Records excerpted from a collection:
=== Begin Enclosure ===

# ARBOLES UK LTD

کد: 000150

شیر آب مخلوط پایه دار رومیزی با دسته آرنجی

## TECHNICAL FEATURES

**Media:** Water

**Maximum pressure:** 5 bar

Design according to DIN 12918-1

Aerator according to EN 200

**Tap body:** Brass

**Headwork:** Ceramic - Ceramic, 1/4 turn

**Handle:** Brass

=== End Enclosure ===
=== Begin Enclosure ===

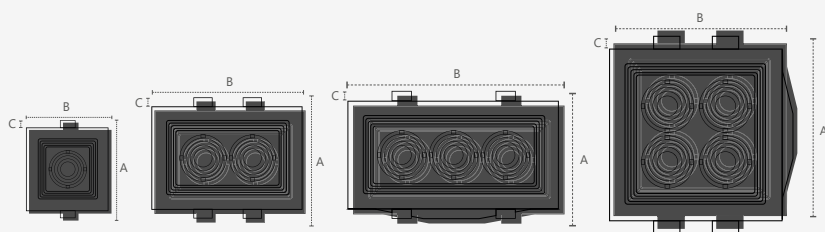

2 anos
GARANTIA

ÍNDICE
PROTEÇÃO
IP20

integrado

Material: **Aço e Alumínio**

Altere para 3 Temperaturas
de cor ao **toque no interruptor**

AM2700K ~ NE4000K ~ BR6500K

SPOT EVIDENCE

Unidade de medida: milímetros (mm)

=== End Enclosure ===

Task to complete >>
Find every line above that contains the word "according", and return each one.

Result of the exercise >>
Design according to DIN 12918-1
Aerator according to EN 200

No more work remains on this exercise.